A portable cardiopulmonary resuscitation device based on sign information fusion

technical field

The present invention relates to a portable cardiopulmonary resuscitation equipment, in particular to a physical sign-based system that integrates the detection function of human body signs into the cardiopulmonary resuscitation equipment, and determines the patient's physiological information status through the expert system embedded in the control system to ensure the best therapeutic effect. Portable CPR equipment with information fusion.

Background technique

In a person's life, arrhythmia is inevitable, and severe arrhythmia even leads to cardiac arrest, which often occurs suddenly and the success rate of treatment is low. In the United States, cardiac arrest is the first cause of death, killing 250,000 people every year, far exceeding the sum of deaths from breast cancer, lung cancer, and AIDS after stroke every year. In China, this number is also rising. Experts point out that more than 80% of cardiac arrests are caused by ventricular fibrillation. It has a very high fatality rate. After the heart suddenly stops beating, the effective pumping function disappears, causing severe hypoxia and ischemia throughout the body. The clinical manifestations are that the aortic pulse cannot be felt and the heart sound disappears; followed by loss of consciousness, respiratory arrest, dilated pupils, and death if not rescued in time. Most of the patients after cardiac arrest will cause severe ischemia, hypoxia and metabolic disorders of the whole body tissue cells due to the suspension of cardiac pump function and effective circulation. It is generally believed that dizziness or syncope may occur after 5-10 seconds of cardiac arrest, syncope and convulsions may occur after more than 15 seconds, and coma may occur after more than 20 seconds; patients with cardiac arrest who are cardioverted one minute later will reduce their survival rate by at least 10%. If the cardiac arrest exceeds 5 minutes, it often causes irreversible damage to the brain and vital organs of the patient, resulting in death. Therefore, cardiac arrest is the most critical emergency in clinical practice, and every second must be raced to actively rescue.

The most important rescue measure after cardiac arrest is timely and correct cardiopulmonary resuscitation. Cardiopulmonary resuscitation is a series of measures aimed at establishing effective circulation as soon as possible and increasing cardiac output for sudden cardiac arrest. Studies have shown that the longer the cardiac arrest time, the more serious the damage to the whole body tissue, especially the brain tissue, which suffers from hypoxia, and the less likely it is to sustain life. Therefore, the key to the success of cardiac arrest rescue is the time to start rescue sooner or later. According to statistics, 64% of the successful cases of cardiopulmonary resuscitation were rescued within 4 minutes after cardiac arrest. Therefore, it is proposed that the best time to rescue cardiac arrest is within 0-4 minutes after cardiac arrest. Cardiac arrest mostly occurs outside the hospital, and there is neither medicine nor rescue equipment. Therefore, it is particularly important to organize immediate rescue on the spot and nearby, and avoid waiting or long-distance transfer.

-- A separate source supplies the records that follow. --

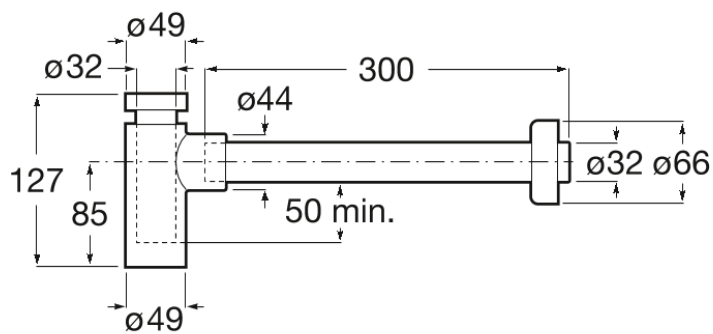

AQUA

1 1/4" wall-mounted cylindrical trap for basin.
300 mm pipe

TECHNICAL DRAWINGS

FEATURES

1 1/4" wall-mounted cylindrical trap for basin. 300 mm pipe.

Aqua

This collection is a design proposal that blends into the bathroom space, where a great deal of thought has been given to the principles of saving, sustainability and integration in the technological conception of each item.

Chest compression method: It is the most basic and preferred method of on-site rescue, which must be carried out immediately, and is one of the key measures of cardiac resuscitation. First of all, a wooden board should be placed on the patient's back or the patient should sleep on his back on a hard floor to strengthen the compression effect. In the hospital, patients who may suffer from cardiac arrest, such as patients with acute myocardial infarction and severe arrhythmia, should routinely sleep on hard board beds, so that in the event of cardiac arrest, chest cardiac compression can be performed immediately. In the past, it was believed that the principle of compression is the result of directly squeezing the heart. When the sternum is pressed, the heart will expel blood, and when the sternum is relaxed, the heart will relax and the blood will return to the heart cavity. At present, it is believed that pressing mainly causes a general increase in intrathoracic pressure, promotes blood flow, and generally reduces intrathoracic pressure during relaxation, and promotes venous blood flow to the right heart, so as to maintain effective blood circulation.

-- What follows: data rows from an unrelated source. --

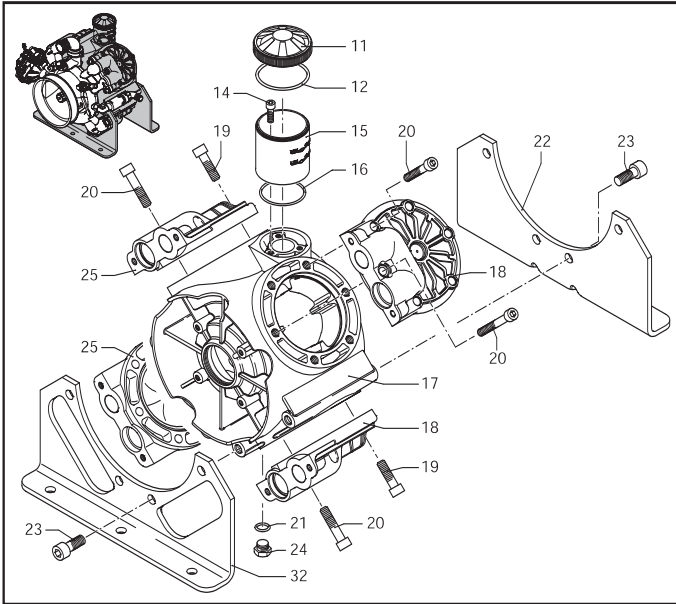

Parts Illustrations for Models 9910-DBS160 and 9910-DBS200

Parts List for Models 9910-DBS160 and 9910-DBS200

REF. NO.	PART NUMBER	DESCRIPTION	QTY. REQ'D
1	9910-2240100	Diaphragm pin	4
2	9910-580090	Retaining washer	4
3	9910-2240080	Diaphragm, Buna	4
4	9910-2240050	Sleeve DBS160	4
4	9910-2240340	Sleeve DBS200	4
5	9910-260230	Piston ring DBS160	4
5	9910-2240360	Piston ring DBS200	4
6	9910-2240060	Piston DBS160	4
6	9910-2240350	Piston DBS200	4
7	9910-260700	Piston pin DBS160	4
7	9910-540070	Piston pin DBS200	4
8	9910-160691	Pin ring	8
9	9910-2380050	Connecting rod	4
10	9910-2240110	Nut	4
11	9910-1800060	Black cap DBS160	1
11	9910-750050	Red cap DBS200	1
12	9910-1040060	O-Ring	1
14	9910-540290	Bolt	3
15	9910-2240070	Oil sight glass	1
16	9910-2240270	O-Ring	1
17	9910-2380010	Pump body DBS160	1
17	9910-2380011	Pump body DBS200	1
18	9910-2240030	Right head	2
19	9910-2240180	Bolt	20
20	9910-2240220	Bolt	4
21	9910-180101	O-Ring	1
22	9910-2380040	Base	1
23	9910-2380060	Bolt	8
24	9910-820361	Plug	1
25	9910-2240031	Left head	2
27	9910-180020	Air valve	1
28	9910-650542	Gasket	1
29	9910-680350	Bolt	8
30	9910-2240300	Upper air chamber	1
31	9910-550190	Diaphragm, Buna	1
32	9910-2380030	Base	1
33	9910-2240310	Lower air chamber	1
34	9910-380240	Nut	8
35	9910-720030	O-Ring	1
36	9910-2240210	Elbow 1-1/2"	1
37	9910-2240200	Ring nut	1
38	9910-390210	O-Ring	8
39	9910-680070	O-Ring	8
40	9910-759051	Complete valve	8
41	9910-130491	Right valve	1

REF. NO.	PART NUMBER	DESCRIPTION	QTY. REQ'D
42	9910-110130	Hose barb 1/2"	2
43	9910-2240260	Valve elbow	2
45	9910-650330	Bolt	8
46	9910-880581	Cap, brass	1
47	9910-820510	O-Ring	1
48	9910-2380020	Manifold	1
49	9910-850250	Bolt	4
50	9910-390311	Washer	4
51	9910-1500470	Shield	1
52	9910-851650	Outlet elbow	1
53	9910-130492	Left valve	1
54	2406-0023	Plug	1
60	9910-2240160	Snap ring	2
61	9910-2240150	Seal ring	2
62	9910-2240430	Bearing	2
63	9910-2240121	Con rod ring	2
64	9910-850320	Roller bearing	2
65	9910-2240173	Crankshaft	1
66	9910-2240290	O-ring	1
67	9910-2240020	Flange	1
68	9910-160670	Bolt	6

**9910-KIT2456
Diaphragm Kit**

REF. NO.	QTY.
3	4

**9910-KIT2374
Valve Kit**

REF. NO.	QTY.
39	8
40	8

**9910-KIT2457
O-Ring Kit**

REF. NO.	QTY.
12	1
16	1
21	1
35	1
38	1
39	8
47	1
66	1

REF. NO.	DESCRIPTION	Tightening Torque	
		In Lbs.	Nm
1	Dia. Pin	262.5	29.4
10	Nut	262.5	29.4
14	Bolt	87.5	9.8
19	Bolt	435.5	49.0
20	Bolt	435.5	49.0
23	Bolt	435.5	49.0
24	Plug	171.4	19.6
27	Air valve	34.5	3.9
29	Bolt	171.4	19.6
45	Bolt	350.0	39.2
46	Brass cap	171.4	19.6
49	Bolt	87.5	9.8
54	Plug	171.4	19.6
68	Bolt	350.0	39.2

The current human cardiopulmonary resuscitation technology is mostly artificial chest compression (circulation, C). The specific operation method is as follows: ensure that the patient lies supine on a flat ground or use a chest compression board under his shoulders and back. The first aider can use kneeling or In different positions such as stepping stools, place the heel of one hand on the center of the patient's chest, on the lower half of the sternum, and place the heel of the other hand on the first hand, without fingers touching the chest wall.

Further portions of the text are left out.